Consider this simple recipe for making homemade bread. Make a product from pumpkin pulp, mashed potatoes, flaxseeds, and full-fat kefir. Add cumin seeds, ground coriander, walnuts, cocoa powder.

Video: how to bake homemade bread

Day after day we work to earn our bread and butter. We greet guests at the door with bread and salt. We ask for “bread and circuses.” We break bread and share with our neighbors. We see you off on your way with bread and remember the departed. Bread is everything to us.

It is believed that the first bread appeared in the Neolithic era. Our ancestors mixed flattened, partially crushed grains with water and baked them on hot cobblestones. But how did humanity get from these prehistoric flatbreads to the bread as we know it now?

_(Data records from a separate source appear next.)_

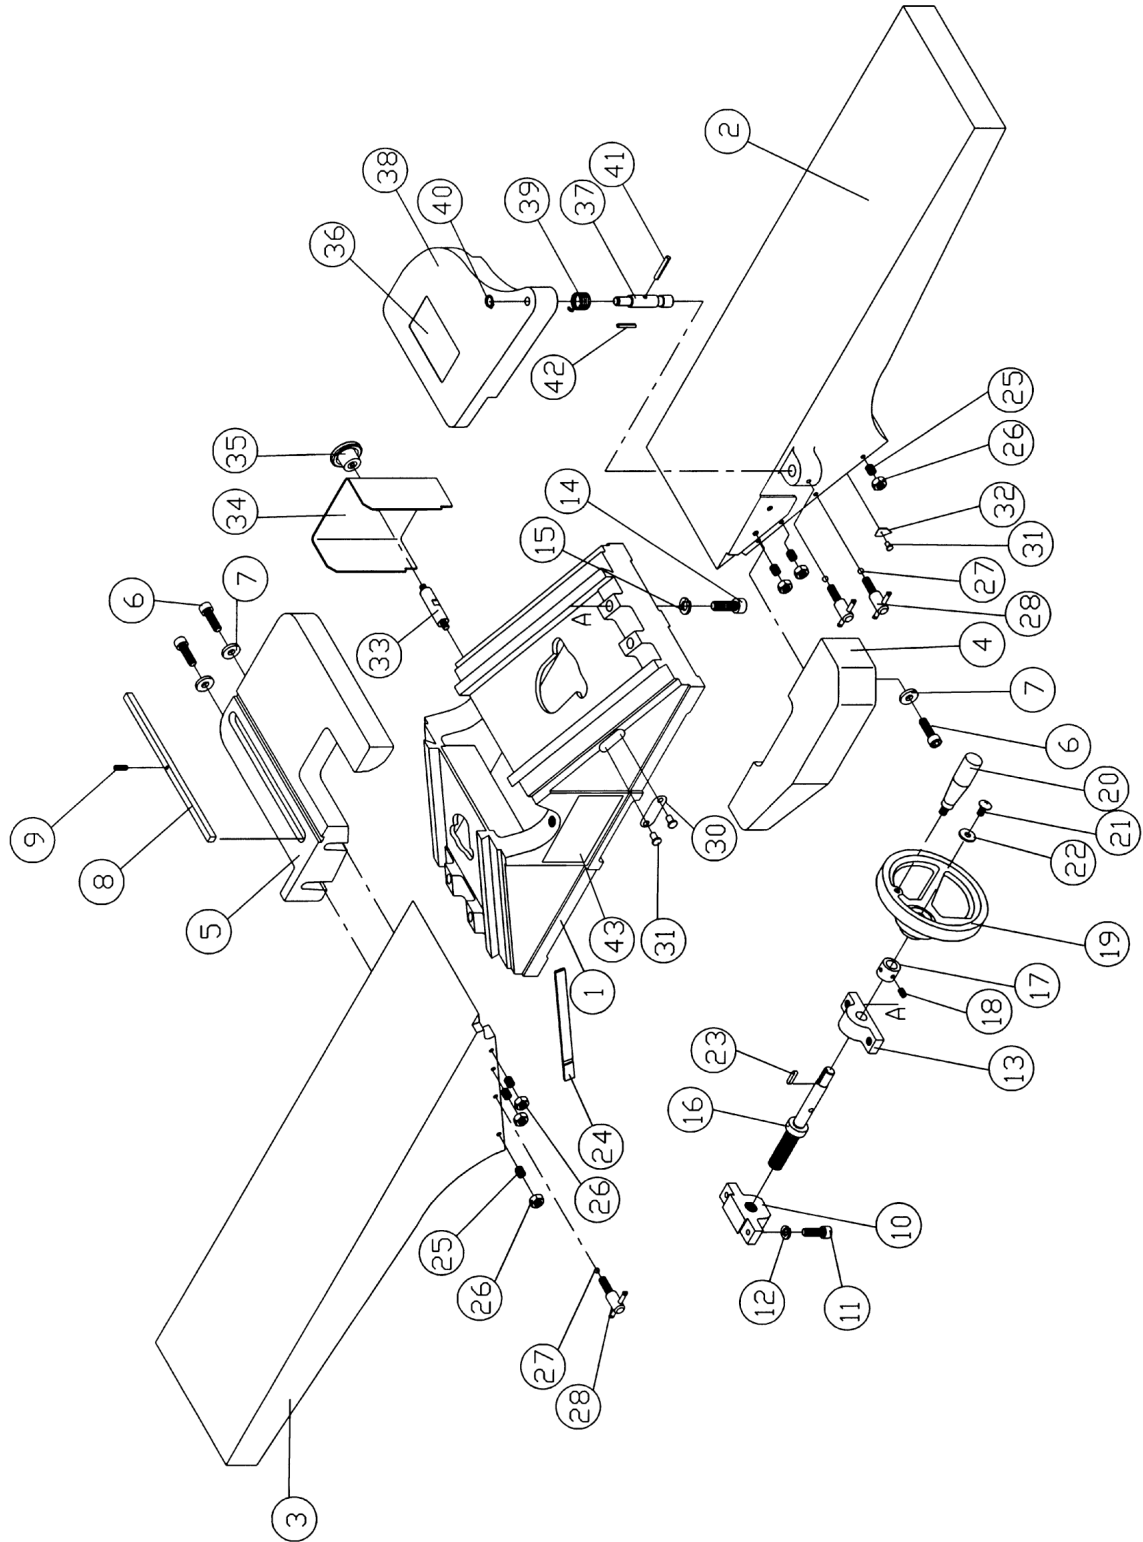

Bed Assembly (all models)

Parts List – Bed Assembly (all models)

Index No.	Part No.	Description	Size	Qty
1	JC-T01	Base		1
2	JC-T02	Front Table		1
3	JC-T03	Rear Table		1
4	JC-T04	Rabbeting Arm		1
5	JC-T05	Table Bracket		1
6	TS-0060071	Cap Screw	3/8"-16 x 1-1/2"	4
7	TS-0720091	Lock Washer	3/8"	4
8	JC-T07	Key	9.5 x 9.5 x 273	1
9	5F-E153	Spring Pin	4 x 16	1
10	JC-T08	Feed Screw Bracket		2
11	TS-0060061	Socket Head Cap Screw	3/8"-16 x 1-1/4"	4
12	TS-0720091	Lock Washer	3/8"	4
13	JC-T09	Bracket		2
14	JJ8HH-214	Cap Screw	1/2"-12 x 1-1/2"	4
15	TS-0720111	Lock Washer	1/2"	4
16	JC-T10	Feed Screw		2
17	JC-T11	Ring		2
18	TS-0267041	Set Screw	1/4"-20 x 3/8"	4
19	JC-T12	Wheel		2
20	PA-C42	Handle		2
21	5C-D003	Pan Head Machine Screw	5/16"-18 x 1/2"	2
22	TS-0680031	Flat Washer	5/16"	2
23	F5-G107	Key	5 x 5 x 22	2
24	JC-T13	Gib		2
25	TS-0270091	Set Screw	5/16"-18 x 1"	6
26	TS-0561021	Hex Nut	5/16"-18	6
27	5I-D003	Ball		2
28	JC-T15	Stop Handle		3
30	JC-T16	Scale		1
31	5F-H051	Rivet		7
32	JC-T17	Depth Pointer		1
33	PA-C49	Guard Bolt		1
34	JC-T18	Pulley Cover		1
35	PA-C53	Nut		1
36	JC-T19	Warning Label		1
37	JC-T20	Guard Shaft		1
38	JC-T21	Cutterhead Guard		1
39	JC-T22	Spring		1
40	5F-A002	Retaining Ring	STW-11	1
41	5F-E208	Spring Pin	5 x 28	1
42	5F-E258	Spring Pin	6 x 36	1
43	JJ8CS-ID	I.D. Label		1
	JJ8HH-ID	I.D. Label		1

The art of baking was widely developed in Ancient Egypt. The fact is that it was the Egyptians who discovered the secret of sourdough bread. According to legend, one of the slaves was entrusted with baking traditional flour tortillas. The baker kneaded the dough (and it was in the monstrous sun), but was forced to leave. When the would-be cook returned, he discovered that the dough had turned sour. Trying to hide his mistake, the poor fellow crushed the dough and hastily put it in the oven. The result was the fluffiest bread ever baked. The idea was quickly picked up by the ancient Greeks, and the fame of the newfangled fluffy bun spread throughout the ancient world. The Roman Empire even had large public ovens for mass production of beloved baked goods.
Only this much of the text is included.